RECORD EXCERPTS:
=== Section Start ===
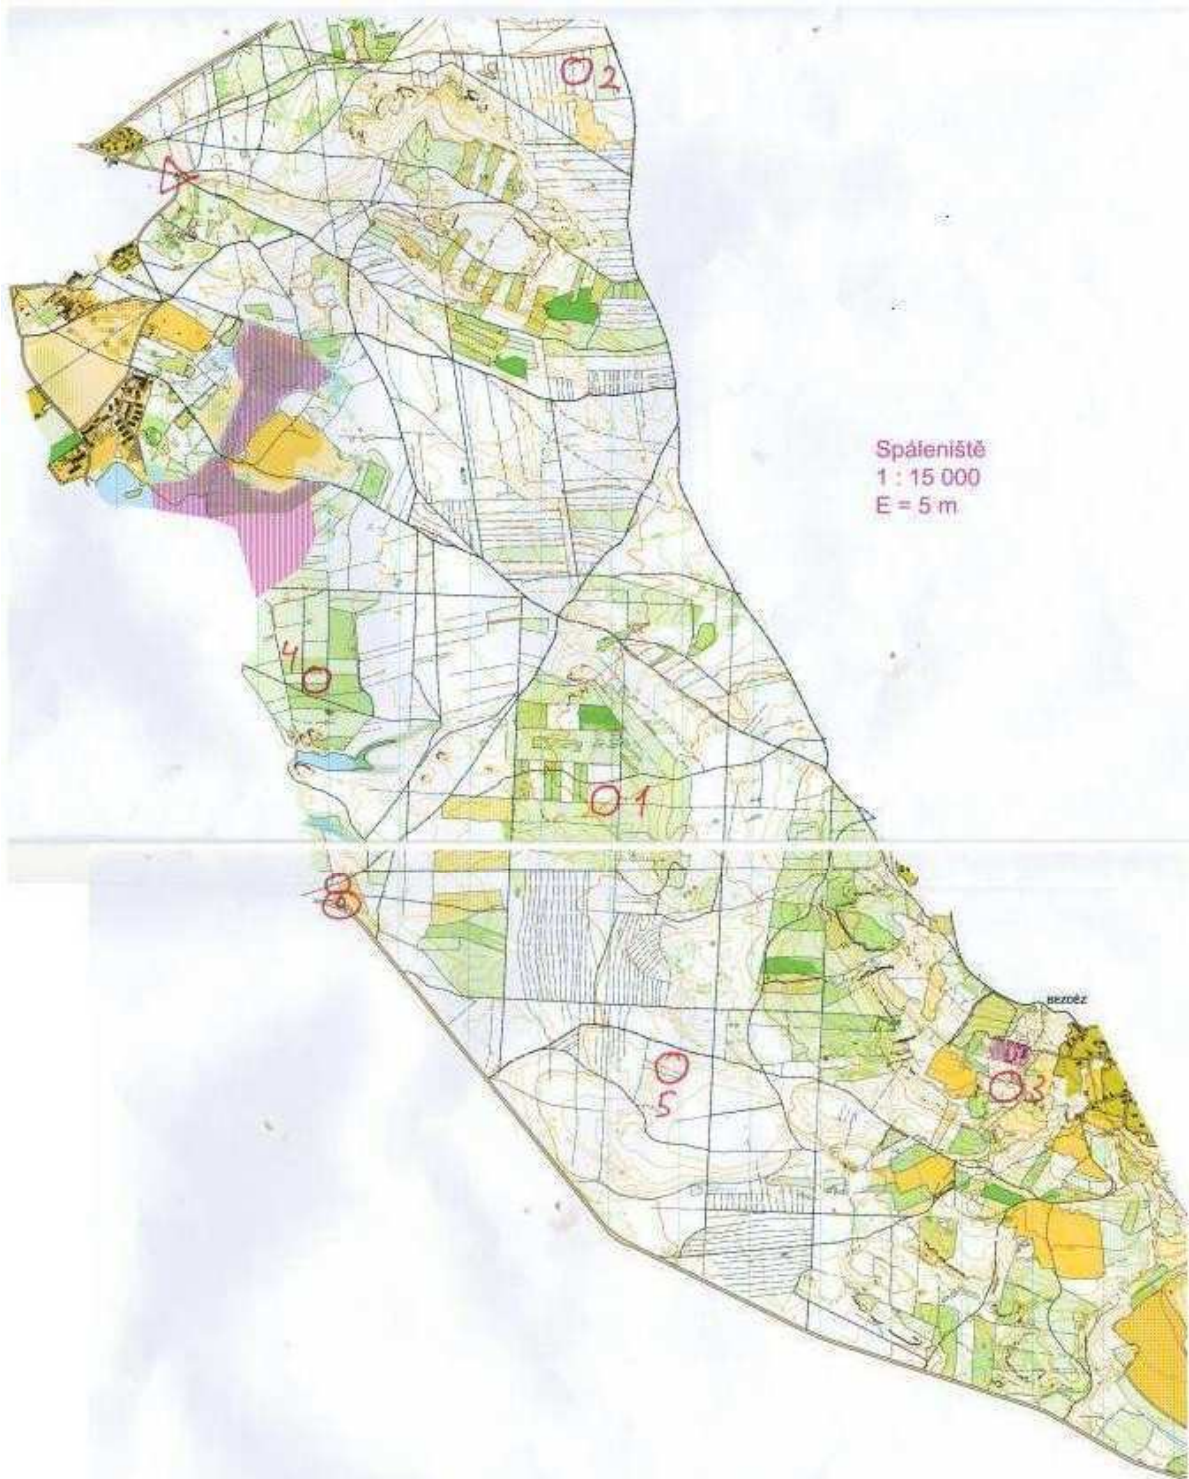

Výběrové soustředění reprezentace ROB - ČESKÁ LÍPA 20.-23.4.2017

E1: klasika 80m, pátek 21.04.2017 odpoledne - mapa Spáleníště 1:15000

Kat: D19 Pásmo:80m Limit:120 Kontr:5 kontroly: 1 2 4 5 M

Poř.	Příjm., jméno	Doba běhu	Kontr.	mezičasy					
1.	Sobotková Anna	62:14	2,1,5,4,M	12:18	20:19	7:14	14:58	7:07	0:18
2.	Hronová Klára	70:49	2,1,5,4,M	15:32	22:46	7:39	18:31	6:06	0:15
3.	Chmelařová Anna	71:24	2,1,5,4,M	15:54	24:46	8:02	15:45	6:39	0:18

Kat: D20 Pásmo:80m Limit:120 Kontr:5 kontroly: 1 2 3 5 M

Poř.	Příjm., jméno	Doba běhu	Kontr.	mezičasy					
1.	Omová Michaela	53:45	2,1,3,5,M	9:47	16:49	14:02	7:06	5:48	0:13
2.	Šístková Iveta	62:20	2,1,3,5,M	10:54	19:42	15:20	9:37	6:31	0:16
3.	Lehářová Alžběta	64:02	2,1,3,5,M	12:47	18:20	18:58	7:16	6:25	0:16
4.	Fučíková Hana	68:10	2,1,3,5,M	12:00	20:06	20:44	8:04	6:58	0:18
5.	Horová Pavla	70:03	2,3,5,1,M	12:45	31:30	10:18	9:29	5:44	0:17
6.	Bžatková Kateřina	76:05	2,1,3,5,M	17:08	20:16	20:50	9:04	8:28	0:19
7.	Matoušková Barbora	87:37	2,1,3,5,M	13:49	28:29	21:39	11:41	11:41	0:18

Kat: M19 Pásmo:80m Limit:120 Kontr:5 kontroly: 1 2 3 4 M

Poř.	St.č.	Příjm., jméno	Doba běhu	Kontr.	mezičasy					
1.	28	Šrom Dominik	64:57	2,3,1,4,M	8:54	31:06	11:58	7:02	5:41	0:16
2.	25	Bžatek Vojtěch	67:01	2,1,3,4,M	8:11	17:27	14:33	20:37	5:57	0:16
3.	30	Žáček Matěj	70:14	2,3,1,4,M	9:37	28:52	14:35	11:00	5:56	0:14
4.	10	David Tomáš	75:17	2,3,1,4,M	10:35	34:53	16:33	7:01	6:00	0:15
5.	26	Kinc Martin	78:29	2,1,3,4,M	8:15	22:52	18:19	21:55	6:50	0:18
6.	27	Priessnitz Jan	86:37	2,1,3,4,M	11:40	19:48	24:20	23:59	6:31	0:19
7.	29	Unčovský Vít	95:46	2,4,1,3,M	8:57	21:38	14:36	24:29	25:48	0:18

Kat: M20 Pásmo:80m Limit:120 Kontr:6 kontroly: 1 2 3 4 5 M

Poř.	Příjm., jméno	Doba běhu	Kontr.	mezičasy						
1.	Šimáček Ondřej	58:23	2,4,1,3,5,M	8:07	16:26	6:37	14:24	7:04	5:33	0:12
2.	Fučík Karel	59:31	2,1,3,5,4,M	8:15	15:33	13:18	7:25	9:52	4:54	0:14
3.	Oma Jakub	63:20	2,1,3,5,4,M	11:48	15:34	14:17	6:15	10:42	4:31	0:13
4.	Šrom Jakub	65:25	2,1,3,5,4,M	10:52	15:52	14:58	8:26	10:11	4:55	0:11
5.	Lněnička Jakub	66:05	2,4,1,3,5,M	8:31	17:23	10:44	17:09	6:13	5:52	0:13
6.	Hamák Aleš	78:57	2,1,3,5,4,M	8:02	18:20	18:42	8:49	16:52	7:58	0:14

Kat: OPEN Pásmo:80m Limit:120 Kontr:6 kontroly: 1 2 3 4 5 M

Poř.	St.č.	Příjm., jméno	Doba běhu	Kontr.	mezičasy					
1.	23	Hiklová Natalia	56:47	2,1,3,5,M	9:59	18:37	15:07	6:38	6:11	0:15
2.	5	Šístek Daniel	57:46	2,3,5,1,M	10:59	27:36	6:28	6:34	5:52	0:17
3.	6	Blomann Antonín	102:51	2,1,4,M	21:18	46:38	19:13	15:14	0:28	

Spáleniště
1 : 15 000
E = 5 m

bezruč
=== Section End ===
WHAT IS BEING ASKED:
Scan the material for "Limit" and copy the lines that hold it.

ANSWER BELOW:
Kat: D19 Pásmo:80m Limit:120 Kontr:5 kontroly: 1 2 4 5 M
Kat: D20 Pásmo:80m Limit:120 Kontr:5 kontroly: 1 2 3 5 M
Kat: M19 Pásmo:80m Limit:120 Kontr:5 kontroly: 1 2 3 4 M
Kat: M20 Pásmo:80m Limit:120 Kontr:6 kontroly: 1 2 3 4 5 M
Kat: OPEN Pásmo:80m Limit:120 Kontr:6 kontroly: 1 2 3 4 5 M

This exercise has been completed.